Records from a collection
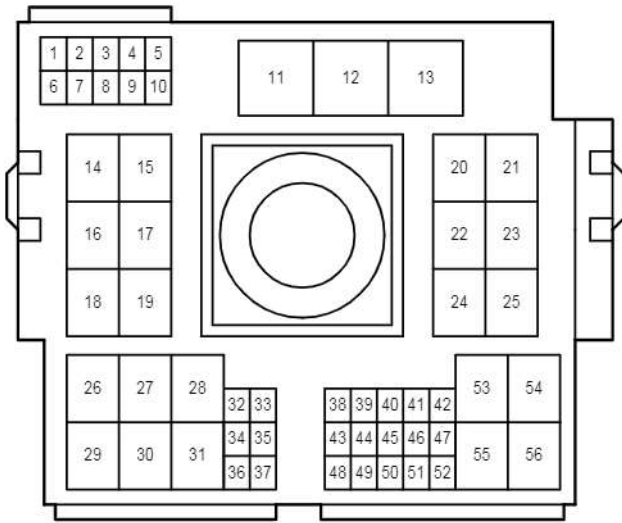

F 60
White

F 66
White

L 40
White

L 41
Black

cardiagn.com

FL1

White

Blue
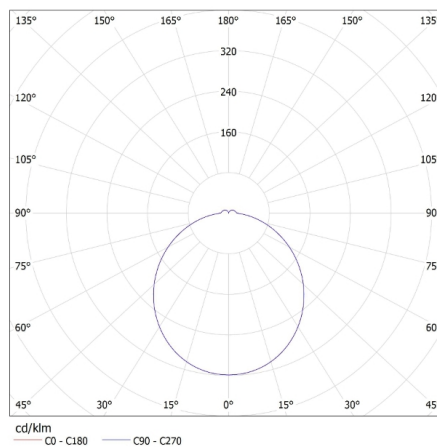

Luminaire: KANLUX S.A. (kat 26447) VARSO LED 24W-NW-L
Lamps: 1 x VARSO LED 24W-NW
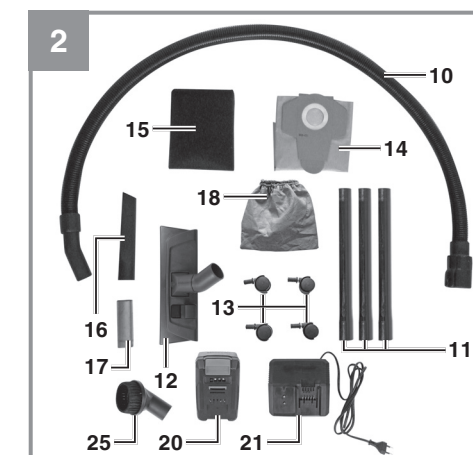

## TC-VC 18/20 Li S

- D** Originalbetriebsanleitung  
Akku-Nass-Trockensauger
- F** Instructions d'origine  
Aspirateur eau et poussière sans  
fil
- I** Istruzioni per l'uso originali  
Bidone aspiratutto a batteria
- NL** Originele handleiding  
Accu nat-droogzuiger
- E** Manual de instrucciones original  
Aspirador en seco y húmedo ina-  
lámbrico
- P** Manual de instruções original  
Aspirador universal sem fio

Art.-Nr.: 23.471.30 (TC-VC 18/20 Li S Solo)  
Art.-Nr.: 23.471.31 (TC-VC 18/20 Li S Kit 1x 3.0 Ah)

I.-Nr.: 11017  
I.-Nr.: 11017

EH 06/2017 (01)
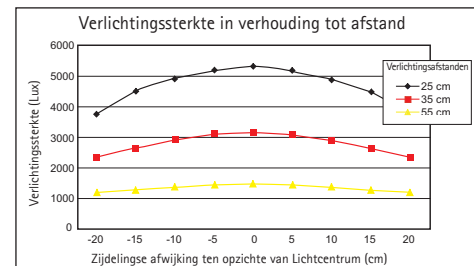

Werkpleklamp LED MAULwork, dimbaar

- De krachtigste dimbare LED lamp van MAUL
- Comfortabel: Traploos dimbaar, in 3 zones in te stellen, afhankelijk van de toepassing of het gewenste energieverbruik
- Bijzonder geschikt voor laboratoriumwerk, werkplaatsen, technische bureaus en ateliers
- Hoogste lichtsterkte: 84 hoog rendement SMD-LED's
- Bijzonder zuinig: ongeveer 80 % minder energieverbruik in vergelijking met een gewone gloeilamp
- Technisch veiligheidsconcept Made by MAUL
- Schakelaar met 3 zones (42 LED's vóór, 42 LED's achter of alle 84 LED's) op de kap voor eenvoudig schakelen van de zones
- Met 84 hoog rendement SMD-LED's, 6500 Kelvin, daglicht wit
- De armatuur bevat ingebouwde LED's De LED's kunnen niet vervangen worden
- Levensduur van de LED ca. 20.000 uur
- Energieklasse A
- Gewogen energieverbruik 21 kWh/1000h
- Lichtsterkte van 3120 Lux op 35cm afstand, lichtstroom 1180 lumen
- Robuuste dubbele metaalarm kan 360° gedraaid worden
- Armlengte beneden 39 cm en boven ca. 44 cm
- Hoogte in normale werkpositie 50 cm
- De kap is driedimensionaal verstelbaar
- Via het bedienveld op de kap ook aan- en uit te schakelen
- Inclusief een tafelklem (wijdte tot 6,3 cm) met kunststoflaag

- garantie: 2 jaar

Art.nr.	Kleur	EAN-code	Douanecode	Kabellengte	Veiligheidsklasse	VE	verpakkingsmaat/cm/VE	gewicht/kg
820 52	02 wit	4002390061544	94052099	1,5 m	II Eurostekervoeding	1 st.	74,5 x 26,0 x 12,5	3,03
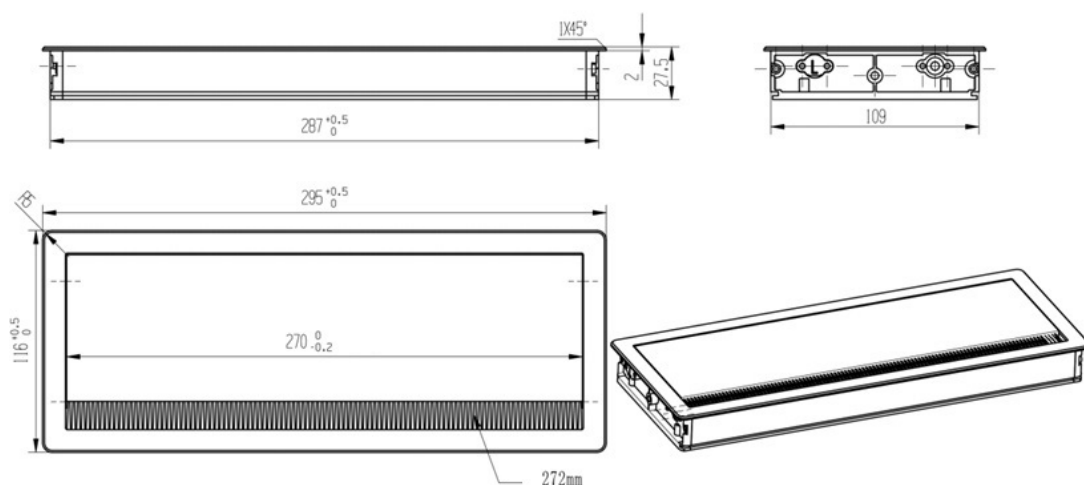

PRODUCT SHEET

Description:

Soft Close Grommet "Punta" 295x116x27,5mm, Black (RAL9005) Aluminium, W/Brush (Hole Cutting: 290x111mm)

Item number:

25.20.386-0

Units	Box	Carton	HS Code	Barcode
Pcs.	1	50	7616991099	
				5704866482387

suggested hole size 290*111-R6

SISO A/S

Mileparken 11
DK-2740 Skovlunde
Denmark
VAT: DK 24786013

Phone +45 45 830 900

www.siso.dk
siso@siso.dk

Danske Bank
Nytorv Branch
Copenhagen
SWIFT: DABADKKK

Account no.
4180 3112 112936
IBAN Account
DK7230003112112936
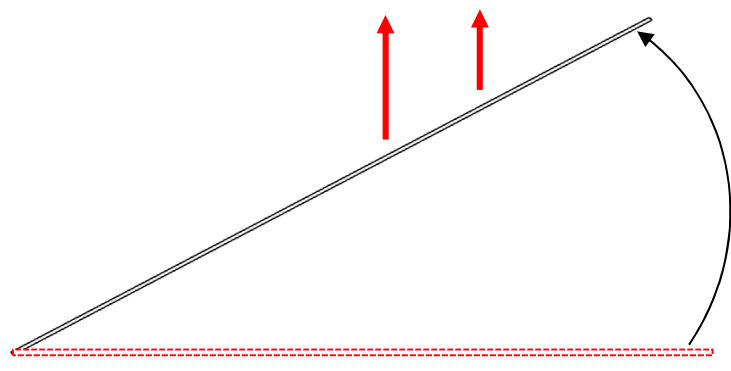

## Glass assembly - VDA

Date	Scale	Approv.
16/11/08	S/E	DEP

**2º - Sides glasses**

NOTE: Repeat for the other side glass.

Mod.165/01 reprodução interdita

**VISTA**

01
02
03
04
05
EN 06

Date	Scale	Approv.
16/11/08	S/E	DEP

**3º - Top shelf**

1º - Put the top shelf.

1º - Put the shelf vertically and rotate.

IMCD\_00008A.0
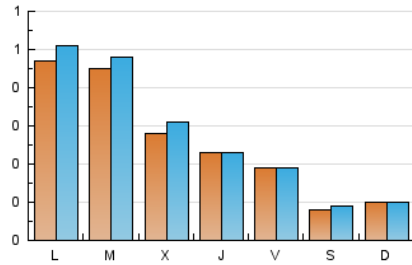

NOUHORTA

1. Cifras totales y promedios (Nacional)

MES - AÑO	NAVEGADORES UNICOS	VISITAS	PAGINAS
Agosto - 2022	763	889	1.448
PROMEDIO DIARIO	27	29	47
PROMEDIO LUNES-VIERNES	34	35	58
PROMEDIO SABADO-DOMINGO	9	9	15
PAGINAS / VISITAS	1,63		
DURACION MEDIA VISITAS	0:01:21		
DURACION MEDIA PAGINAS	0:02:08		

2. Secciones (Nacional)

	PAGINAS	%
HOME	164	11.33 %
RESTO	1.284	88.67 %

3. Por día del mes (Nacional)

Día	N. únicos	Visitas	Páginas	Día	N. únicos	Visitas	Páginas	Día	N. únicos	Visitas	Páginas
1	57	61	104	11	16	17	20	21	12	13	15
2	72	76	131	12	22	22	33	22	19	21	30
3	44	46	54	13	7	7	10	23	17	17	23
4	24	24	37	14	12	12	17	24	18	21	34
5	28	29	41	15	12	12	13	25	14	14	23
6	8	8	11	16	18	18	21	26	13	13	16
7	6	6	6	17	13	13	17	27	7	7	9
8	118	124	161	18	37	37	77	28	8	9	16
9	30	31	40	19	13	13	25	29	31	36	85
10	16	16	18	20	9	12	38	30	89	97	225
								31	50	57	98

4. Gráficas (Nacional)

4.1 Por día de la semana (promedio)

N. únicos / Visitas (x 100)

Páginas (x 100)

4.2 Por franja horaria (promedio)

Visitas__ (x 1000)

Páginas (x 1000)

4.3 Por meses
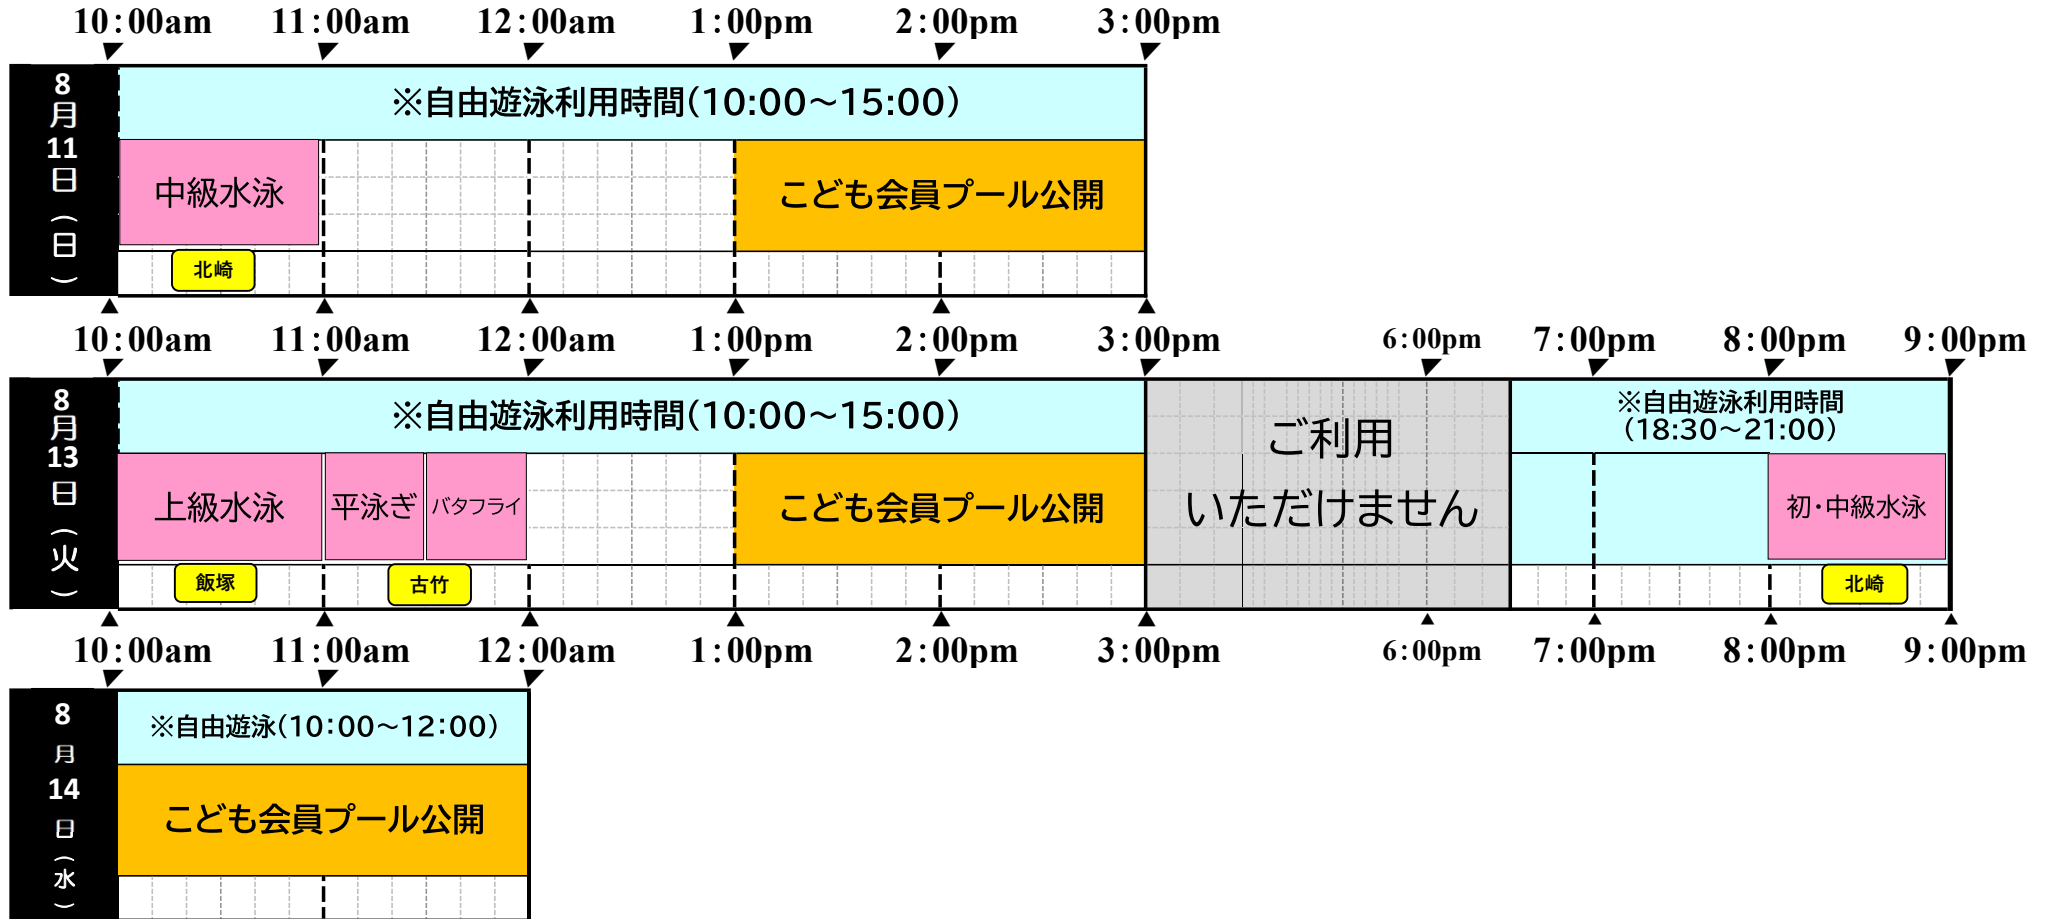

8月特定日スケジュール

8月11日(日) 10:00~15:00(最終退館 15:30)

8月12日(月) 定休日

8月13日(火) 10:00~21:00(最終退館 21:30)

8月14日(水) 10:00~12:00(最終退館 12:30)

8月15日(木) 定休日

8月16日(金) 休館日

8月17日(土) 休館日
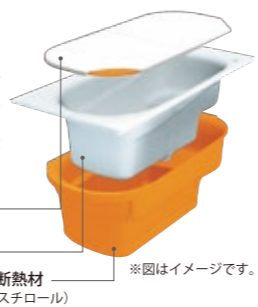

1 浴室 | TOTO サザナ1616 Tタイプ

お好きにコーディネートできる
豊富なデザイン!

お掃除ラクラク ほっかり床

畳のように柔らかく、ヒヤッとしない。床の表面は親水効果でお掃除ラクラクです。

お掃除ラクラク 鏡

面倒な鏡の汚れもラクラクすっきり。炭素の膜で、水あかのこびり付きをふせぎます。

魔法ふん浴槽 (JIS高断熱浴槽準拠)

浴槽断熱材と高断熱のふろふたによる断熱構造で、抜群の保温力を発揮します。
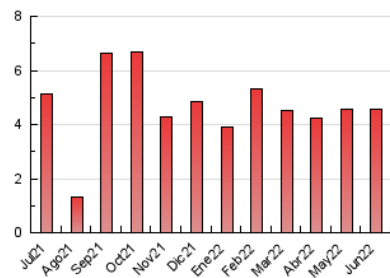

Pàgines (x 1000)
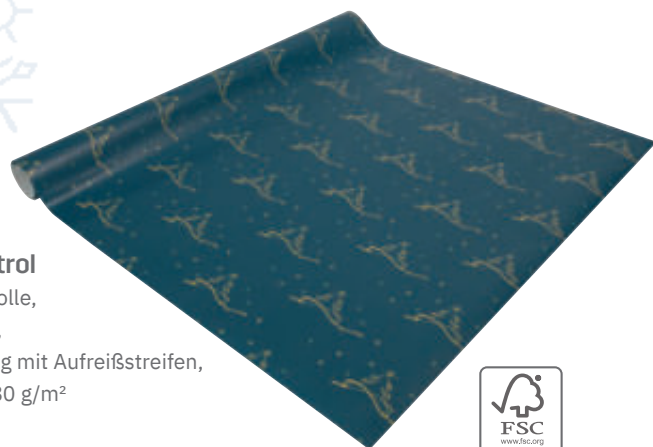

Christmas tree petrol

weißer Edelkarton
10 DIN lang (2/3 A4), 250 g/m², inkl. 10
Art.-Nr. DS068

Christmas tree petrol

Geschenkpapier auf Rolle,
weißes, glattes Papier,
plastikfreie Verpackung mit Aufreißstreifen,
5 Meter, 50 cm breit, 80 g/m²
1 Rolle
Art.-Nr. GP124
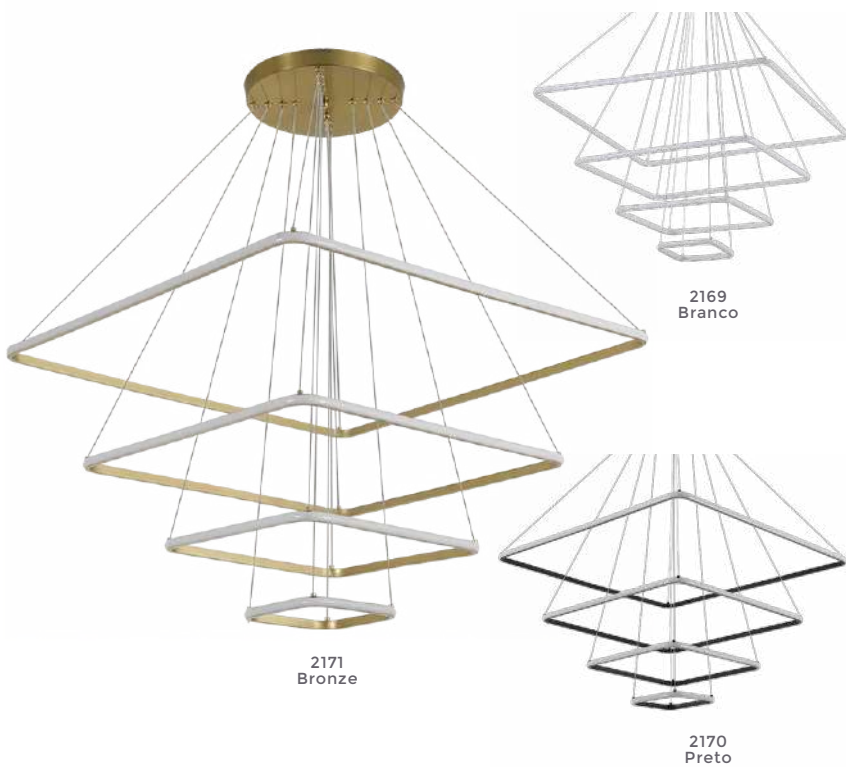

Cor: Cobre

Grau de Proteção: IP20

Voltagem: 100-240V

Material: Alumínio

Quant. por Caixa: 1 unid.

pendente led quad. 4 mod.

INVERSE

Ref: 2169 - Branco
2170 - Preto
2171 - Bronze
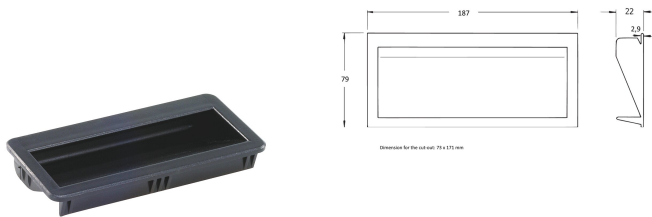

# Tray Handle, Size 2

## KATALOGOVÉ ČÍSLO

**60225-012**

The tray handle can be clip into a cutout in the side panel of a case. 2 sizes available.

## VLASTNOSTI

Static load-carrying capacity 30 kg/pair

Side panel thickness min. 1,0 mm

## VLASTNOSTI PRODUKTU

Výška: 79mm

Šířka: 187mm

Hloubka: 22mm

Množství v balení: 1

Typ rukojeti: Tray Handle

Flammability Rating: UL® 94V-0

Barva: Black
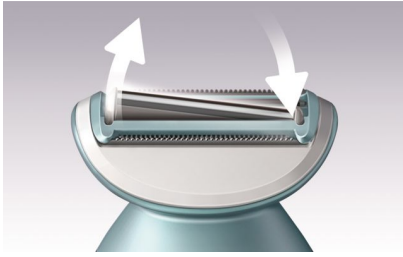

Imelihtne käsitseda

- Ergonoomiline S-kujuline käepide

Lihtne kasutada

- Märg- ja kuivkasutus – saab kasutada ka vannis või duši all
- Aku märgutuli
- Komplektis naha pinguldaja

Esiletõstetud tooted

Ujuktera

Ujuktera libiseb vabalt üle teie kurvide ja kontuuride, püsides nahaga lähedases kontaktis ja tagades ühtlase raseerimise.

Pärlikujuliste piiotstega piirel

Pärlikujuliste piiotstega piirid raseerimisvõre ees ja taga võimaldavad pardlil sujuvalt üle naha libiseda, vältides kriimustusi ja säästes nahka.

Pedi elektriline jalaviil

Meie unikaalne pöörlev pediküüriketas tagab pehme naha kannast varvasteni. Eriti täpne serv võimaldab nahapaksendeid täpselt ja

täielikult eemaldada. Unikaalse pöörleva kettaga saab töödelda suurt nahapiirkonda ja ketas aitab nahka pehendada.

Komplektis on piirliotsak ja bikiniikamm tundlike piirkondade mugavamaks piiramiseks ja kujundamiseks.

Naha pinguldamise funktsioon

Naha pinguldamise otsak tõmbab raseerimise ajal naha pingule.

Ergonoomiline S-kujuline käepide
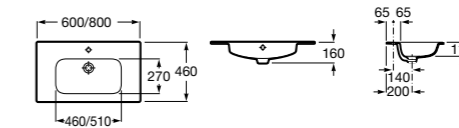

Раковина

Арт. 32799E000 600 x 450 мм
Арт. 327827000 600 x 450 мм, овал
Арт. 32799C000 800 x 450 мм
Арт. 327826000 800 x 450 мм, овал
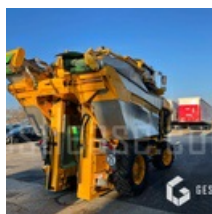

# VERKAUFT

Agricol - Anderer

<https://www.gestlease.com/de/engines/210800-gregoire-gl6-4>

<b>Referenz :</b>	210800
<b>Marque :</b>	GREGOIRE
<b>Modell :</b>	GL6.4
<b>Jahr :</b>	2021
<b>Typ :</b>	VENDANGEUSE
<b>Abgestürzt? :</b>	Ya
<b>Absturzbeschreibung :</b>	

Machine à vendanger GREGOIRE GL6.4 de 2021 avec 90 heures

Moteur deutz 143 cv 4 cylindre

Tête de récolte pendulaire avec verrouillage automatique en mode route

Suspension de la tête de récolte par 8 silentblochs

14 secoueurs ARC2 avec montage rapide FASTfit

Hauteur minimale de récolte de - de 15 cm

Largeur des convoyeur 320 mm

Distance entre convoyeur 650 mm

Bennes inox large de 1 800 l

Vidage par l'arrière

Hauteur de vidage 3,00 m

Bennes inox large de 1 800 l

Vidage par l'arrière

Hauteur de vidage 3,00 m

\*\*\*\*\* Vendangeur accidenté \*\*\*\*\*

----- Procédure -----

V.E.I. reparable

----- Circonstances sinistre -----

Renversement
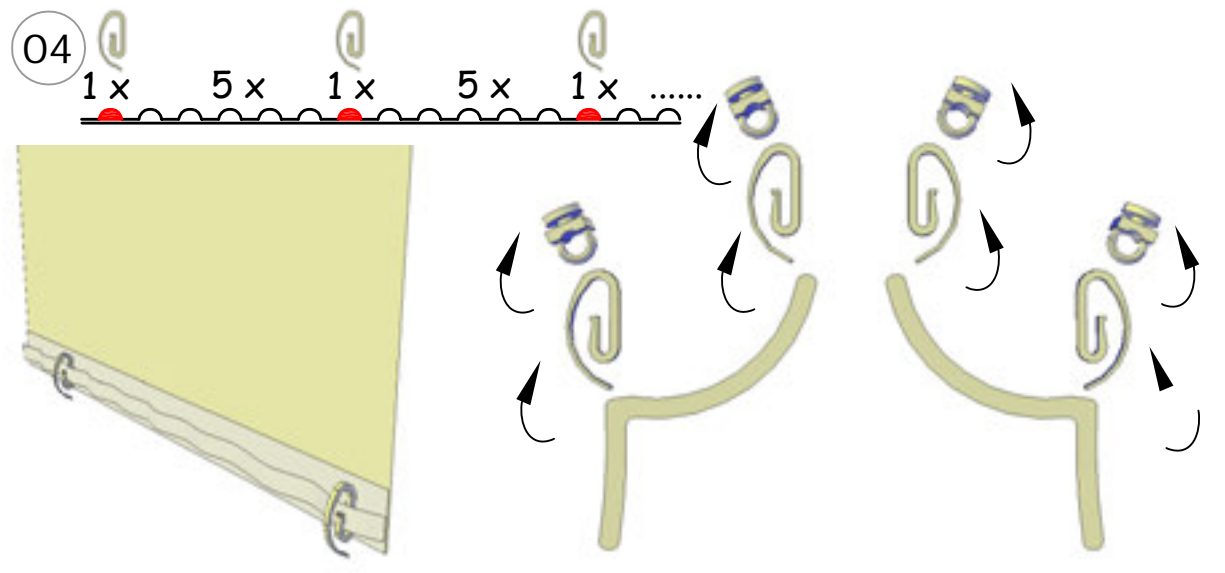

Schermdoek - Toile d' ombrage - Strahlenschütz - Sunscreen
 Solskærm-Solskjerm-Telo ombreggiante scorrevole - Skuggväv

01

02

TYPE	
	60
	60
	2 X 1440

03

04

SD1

- Goal of the exercise:
Nothing but the lines from the first line of the records above to the line with "- P** Manual de instruções original", inclusive, should be transcribed exactly, and the pictures must be left out.

- Answer space:
F 60
White

F 66
White

L 40
White

L 41
Black

cardiagn.com

FL1

White

Blue

Luminaire: KANLUX S.A. (kat 26447) VARSO LED 24W-NW-L
Lamps: 1 x VARSO LED 24W-NW

## TC-VC 18/20 Li S

- D** Originalbetriebsanleitung  
Akku-Nass-Trockensauger
- F** Instructions d'origine  
Aspirateur eau et poussière sans  
fil
- I** Istruzioni per l'uso originali  
Bidone aspiratutto a batteria
- NL** Originele handleiding  
Accu nat-droogzuiger
- E** Manual de instrucciones original  
Aspirador en seco y húmedo ina-  
lámbrico
- P** Manual de instruções original  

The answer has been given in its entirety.